What you return must be the lines from the first one below through the one containing "All Whirlpool and", exactly and with pictures excluded.

[PROVIDED INFORMATION]

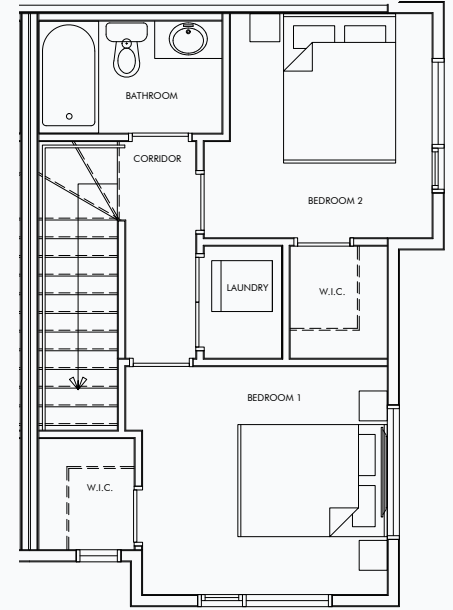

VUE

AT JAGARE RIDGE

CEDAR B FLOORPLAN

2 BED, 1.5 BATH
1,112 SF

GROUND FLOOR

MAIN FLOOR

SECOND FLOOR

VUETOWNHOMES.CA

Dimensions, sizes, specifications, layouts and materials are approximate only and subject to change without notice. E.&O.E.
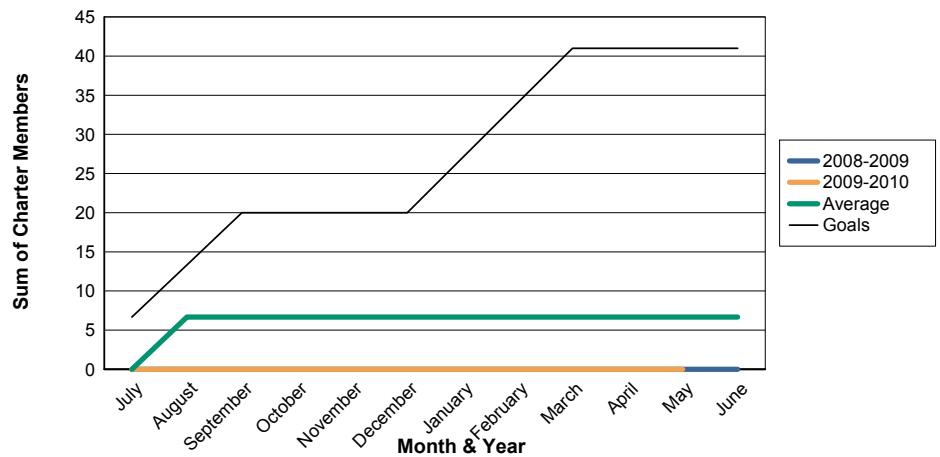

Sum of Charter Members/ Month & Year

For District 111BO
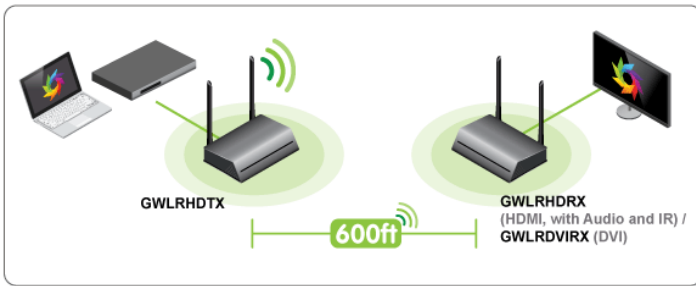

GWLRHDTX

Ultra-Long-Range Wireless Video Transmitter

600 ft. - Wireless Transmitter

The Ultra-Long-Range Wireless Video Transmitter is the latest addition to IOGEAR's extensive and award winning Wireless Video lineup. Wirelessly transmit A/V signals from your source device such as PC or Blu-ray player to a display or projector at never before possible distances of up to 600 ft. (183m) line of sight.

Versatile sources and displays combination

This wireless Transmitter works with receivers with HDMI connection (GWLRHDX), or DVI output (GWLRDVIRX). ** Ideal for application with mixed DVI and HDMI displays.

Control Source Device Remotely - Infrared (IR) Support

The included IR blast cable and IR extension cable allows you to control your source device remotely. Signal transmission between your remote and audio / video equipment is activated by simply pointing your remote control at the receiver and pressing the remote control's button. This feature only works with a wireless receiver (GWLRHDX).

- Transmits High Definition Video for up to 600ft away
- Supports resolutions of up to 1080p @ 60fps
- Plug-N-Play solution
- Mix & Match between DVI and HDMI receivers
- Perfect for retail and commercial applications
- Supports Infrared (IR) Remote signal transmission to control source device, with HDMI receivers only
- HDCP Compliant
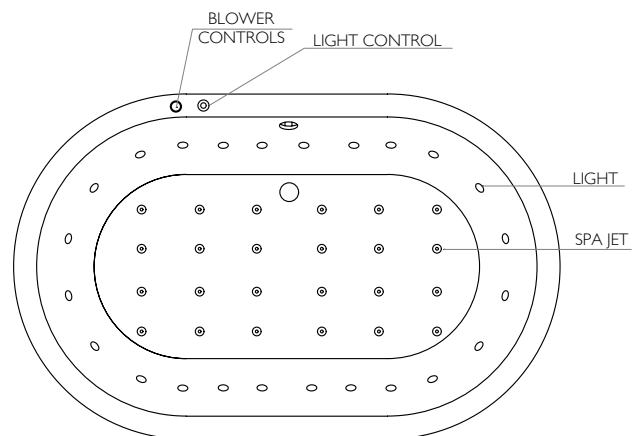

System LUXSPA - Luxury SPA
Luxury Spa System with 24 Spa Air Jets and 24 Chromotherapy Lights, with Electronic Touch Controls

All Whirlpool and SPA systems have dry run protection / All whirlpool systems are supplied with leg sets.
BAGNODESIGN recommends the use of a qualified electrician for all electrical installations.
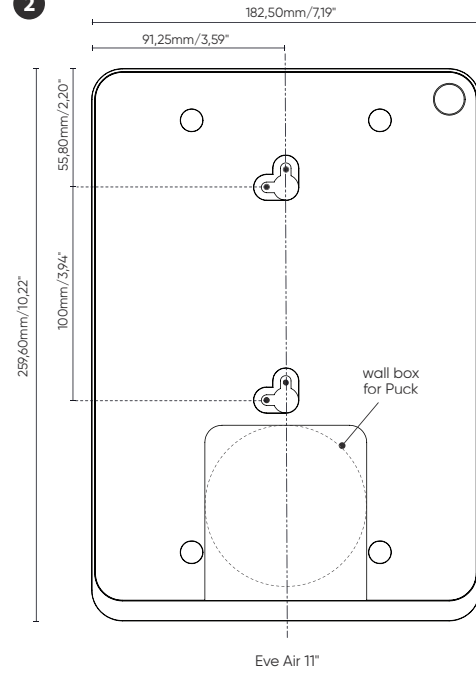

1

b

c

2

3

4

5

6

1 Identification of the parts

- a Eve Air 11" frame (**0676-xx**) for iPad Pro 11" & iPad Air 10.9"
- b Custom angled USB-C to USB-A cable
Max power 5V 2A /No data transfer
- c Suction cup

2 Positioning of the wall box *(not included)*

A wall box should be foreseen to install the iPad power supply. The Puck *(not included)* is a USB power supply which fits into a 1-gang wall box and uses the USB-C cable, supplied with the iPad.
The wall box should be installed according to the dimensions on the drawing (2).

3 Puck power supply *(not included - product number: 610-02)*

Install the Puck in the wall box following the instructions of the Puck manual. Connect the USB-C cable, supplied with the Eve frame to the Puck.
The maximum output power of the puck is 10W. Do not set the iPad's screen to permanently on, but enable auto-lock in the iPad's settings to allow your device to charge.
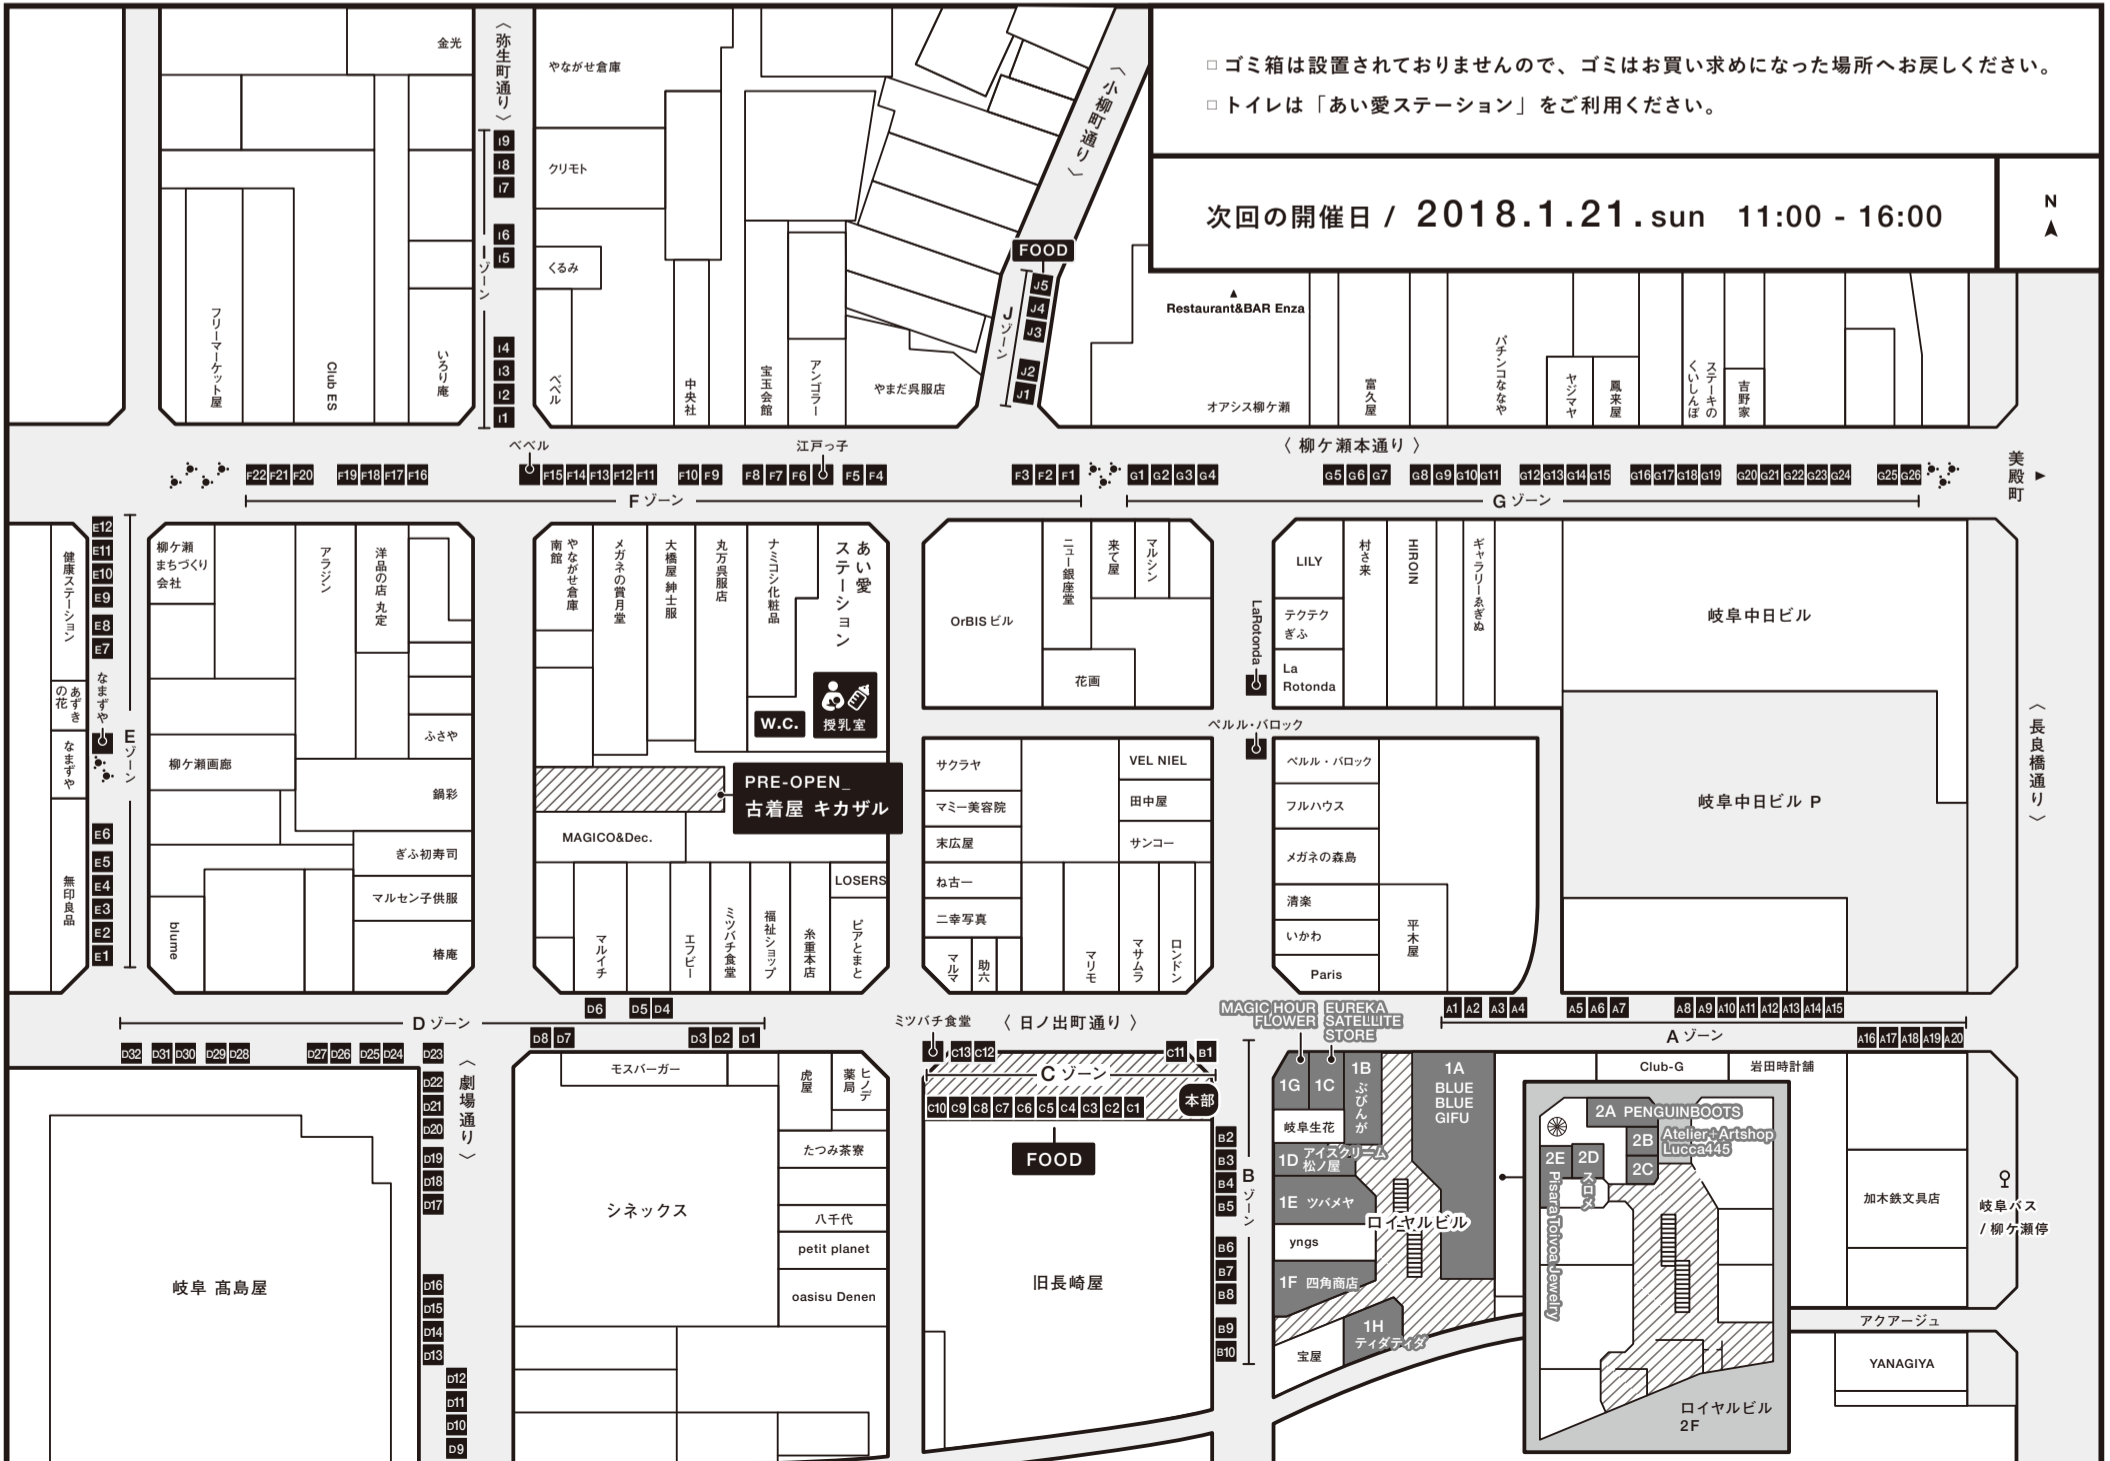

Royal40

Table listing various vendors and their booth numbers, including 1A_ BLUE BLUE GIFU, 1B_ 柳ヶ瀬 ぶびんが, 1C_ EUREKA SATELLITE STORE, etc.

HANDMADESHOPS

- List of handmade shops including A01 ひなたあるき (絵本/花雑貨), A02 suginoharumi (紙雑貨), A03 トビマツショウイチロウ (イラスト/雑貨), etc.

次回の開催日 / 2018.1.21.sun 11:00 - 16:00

[/PROVIDED INFORMATION]

- _RESPONSE TO THIS EXERCISE_:
VUE

AT JAGARE RIDGE

CEDAR B FLOORPLAN

2 BED, 1.5 BATH
1,112 SF

GROUND FLOOR

MAIN FLOOR

SECOND FLOOR

VUETOWNHOMES.CA

Dimensions, sizes, specifications, layouts and materials are approximate only and subject to change without notice. E.&O.E.

Sum of Charter Members/ Month & Year

For District 111BO

GWLRHDTX

Ultra-Long-Range Wireless Video Transmitter

600 ft. - Wireless Transmitter

The Ultra-Long-Range Wireless Video Transmitter is the latest addition to IOGEAR's extensive and award winning Wireless Video lineup. Wirelessly transmit A/V signals from your source device such as PC or Blu-ray player to a display or projector at never before possible distances of up to 600 ft. (183m) line of sight.

Versatile sources and displays combination

This wireless Transmitter works with receivers with HDMI connection (GWLRHDX), or DVI output (GWLRDVIRX). ** Ideal for application with mixed DVI and HDMI displays.

Control Source Device Remotely - Infrared (IR) Support

The included IR blast cable and IR extension cable allows you to control your source device remotely. Signal transmission between your remote and audio / video equipment is activated by simply pointing your remote control at the receiver and pressing the remote control's button. This feature only works with a wireless receiver (GWLRHDX).

- Transmits High Definition Video for up to 600ft away
- Supports resolutions of up to 1080p @ 60fps
- Plug-N-Play solution
- Mix & Match between DVI and HDMI receivers
- Perfect for retail and commercial applications
- Supports Infrared (IR) Remote signal transmission to control source device, with HDMI receivers only
- HDCP Compliant

System LUXSPA - Luxury SPA
Luxury Spa System with 24 Spa Air Jets and 24 Chromotherapy Lights, with Electronic Touch Controls

All Whirlpool and SPA systems have dry run protection / All whirlpool systems are supplied with leg sets.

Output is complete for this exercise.